April 9th, 2017 the Canadian Corps was ordered to seize Vimy Ridge.
“To capture this difficult position, the Canadians would carefully plan and rehearse their attack. To provide greater flexibility and firepower in battle, the infantry were given specialist roles as machine-gunners, rifle-men and grenade-throwers. These same soldiers underwent weeks of training behind the lines using models to represent the battlefield, and new maps crafted from aerial photographs to guide their way. To bring men forward safely for the assault, engineers dug deep tunnels from the rear to the front. Despite this training and preparation, the key to victory would be a devastating artillery barrage that would not only isolate enemy trenches, but provide a moving wall of high explosives and shrapnel to force the Germans to stay in their deep dugouts and away from their machine-guns.
The Canadian operation was an important success, but it was victory at a heavy cost: 3,598 Canadians were killed and another 7,000 wounded.
In recently musing over the latest information available worldwide regarding the fight against Covid19, the Battle of Vimy Ridge came to mind, as it is perhaps a fitting analogy to how I believe the fight against the virus must be conducted.
It is becoming clearer, day by day, that treatments for the virus are now coming online and undergoing clinical trials with great preliminary results – Hydroxychlororquine, Zypak, zinc, Avigan, etc.
In addition, it is also appearing that pre-existing conditions of obesity, pre-diabetes, diabetes are distant early warning signs of risk.
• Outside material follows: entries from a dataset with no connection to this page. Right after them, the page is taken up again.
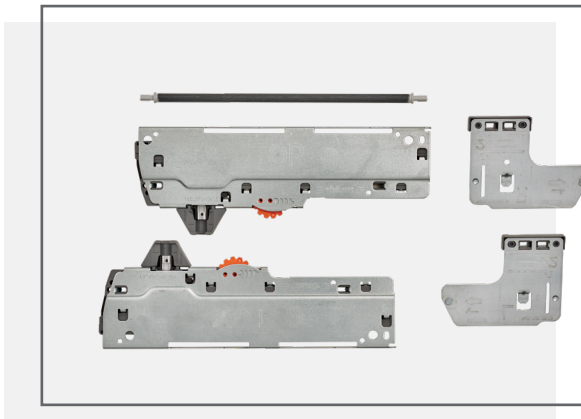

TIP-ON Kit

4WC-TOKIT-18

TOKIT Series

- Designed for all standard depth waste containers, 4FSCO Series, and 5LB LEGRABOX Series
- 4-dimensional adjustment ensures precise gap layout
- Open with a touch of a finger
- Adjustment wheel allows a tool-free integrated depth adjustment
- Front gap of just 2.5 mm
- Extensive trigger range is ensured at all times

MOVENTO TIP-ON Kit for 4WCSC Series

PRODUCT	DESCRIPTION	DIMS	SLP
4WC-TOKIT-12	12" 4WCSC TIP-ON Kit	3-1/2" (89 mm) W x 9" (229 mm) D x 1-3/4"(44 mm) H	$66.70
4WC-TOKIT-15	15" 4WCSC TIP-ON Kit	3-1/2" (89 mm) W x 9" (229 mm) D x 1-3/4"(44 mm) H	$66.70
4WC-TOKIT-18	18" 4WCSC TIP-ON Kit	3-1/2" (89 mm) W x 9" (229 mm) D x 1-3/4"(44 mm) H	$66.70

MOVENTO TIP-ON Kit for 5LB Series

5LB-TOKIT-12	12" LEGRABOX TIP-ON Kit	3-1/2" (89 mm) W x 9" (229 mm) D x 1-3/4"(44 mm) H	$66.70
5LB-TOKIT-15	15" LEGRABOX TIP-ON Kit	3-1/2" (89 mm) W x 9" (229 mm) D x 1-3/4"(44 mm) H	$66.70
5LB-TOKIT-18	18" LEGRABOX TIP-ON Kit	3-1/2" (89 mm) W x 9" (229 mm) D x 1-3/4"(44 mm) H	$66.70
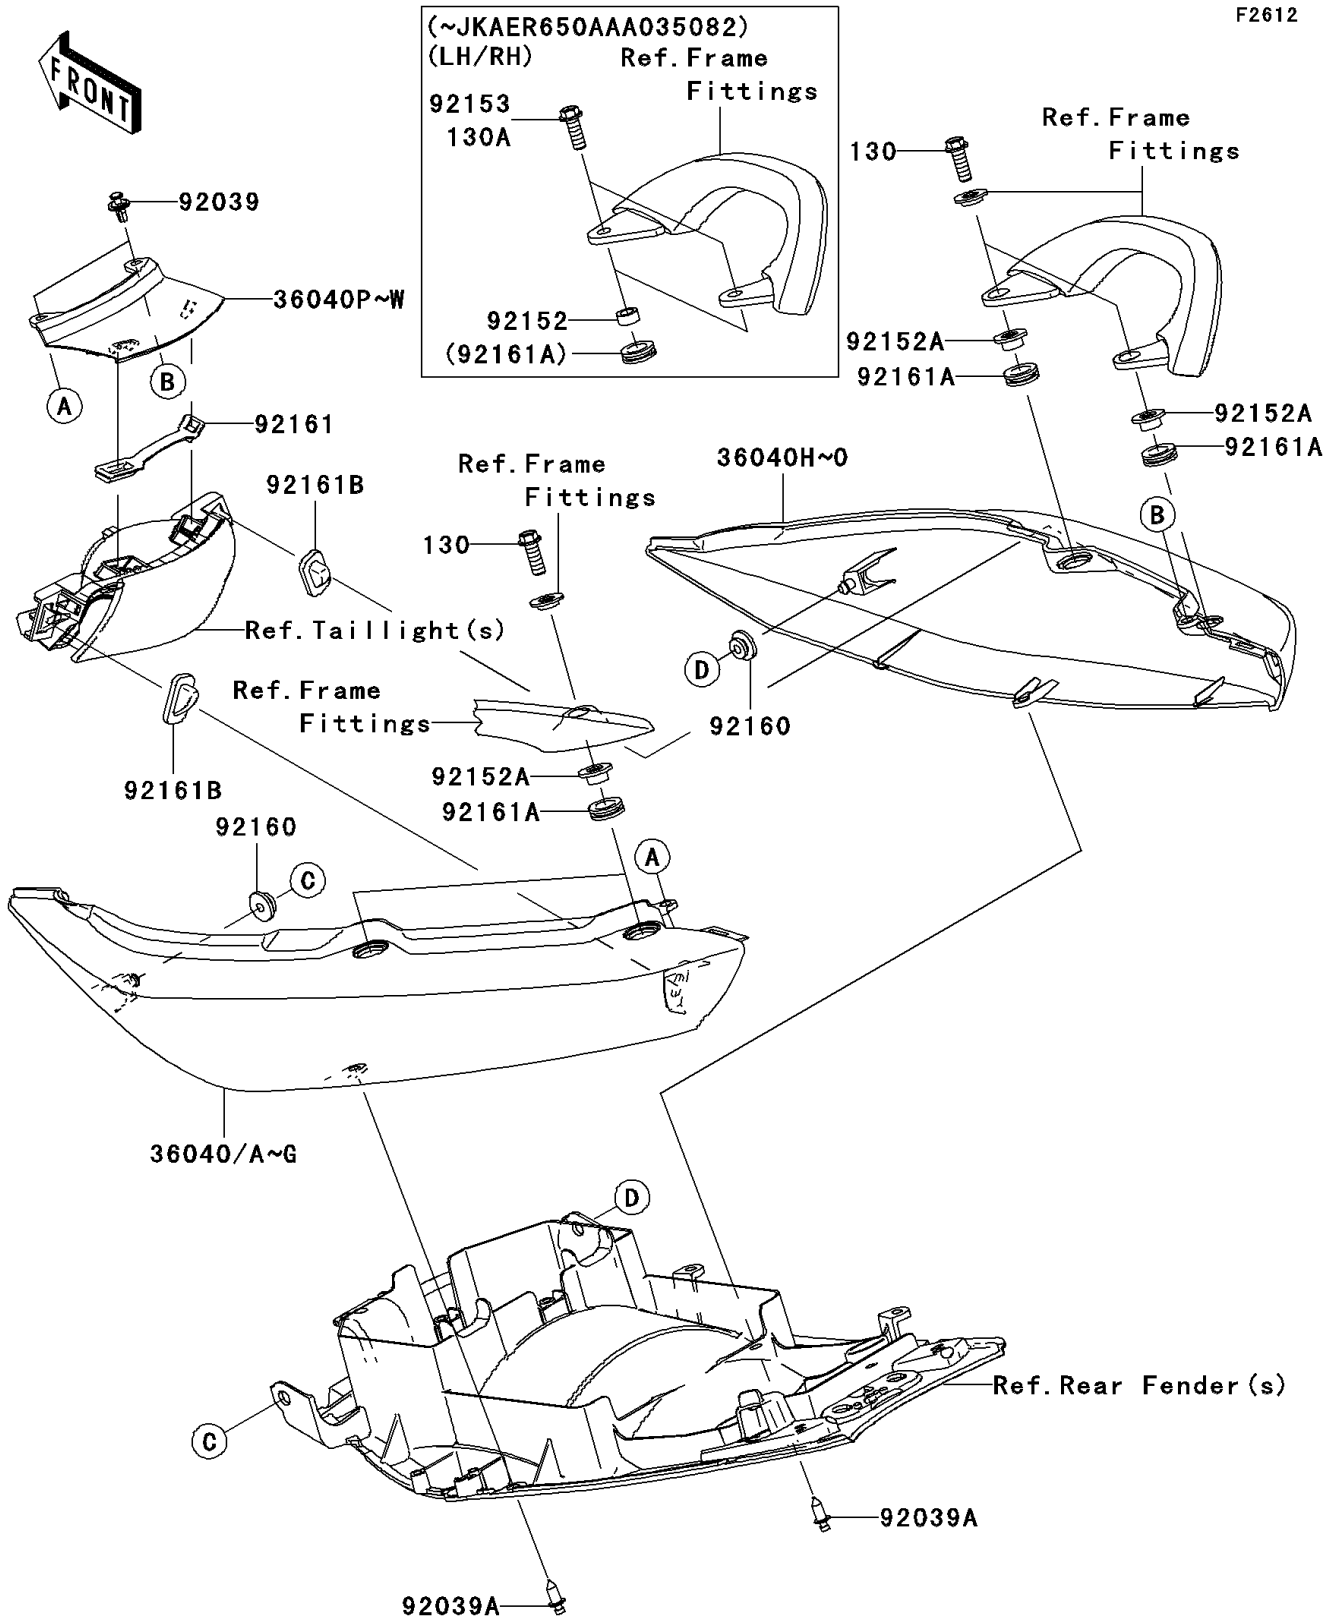

2006 ER-6n (European)

PARTS DIAGRAM

Seat Cover

F2612

2006 ER-6n (European)

PARTS LIST

Seat Cover

ITEM NAME

PART NUMBER

QUANTITY

Viruses love sugar, and high blood sugar.
So, here is what I would do if I was Trudeau.
Once I was given adequate proof that anti-viral treatments are in hand, I would put it to the populace that it is time to get out of the trenches and begin establishing herd immunity – the best defense and offense against the virus.
Those “wounded” in the assault would be treated with the anti-virals. Those who are “unfit for service” (e.g. diabetic, lung cancer, etc.) would be isolated until the battle is won. People would be given preventative advice on how to reduce their chances of being wounded.
To the date of this writing, 291 Canadians have died in this battle, 13,901 have been wounded, and 2,595 have recovered.
If we had stayed in the trenches in 1917, we would have eventually been overrun, not only by the enemy’s guns, but, ironically, one year later with influenza. We may have ended up in a substantially different world.
We should keep in mind that every year somewhere between 1500 and 3500 Canadians die of seasonal flu. Life can be cruel, and eventual death is certain.
An informed political decision to send people into the fray will need to be made, and, the sooner the better.
While it has arguably made sense to “stay in the trenches” while treatments were being found, it is getting close to the time where we must muster the courage to go over the hill and get back to the life, which our fellow Canadians died for 103 years ago, and, which we knew and enjoyed just a short month ago.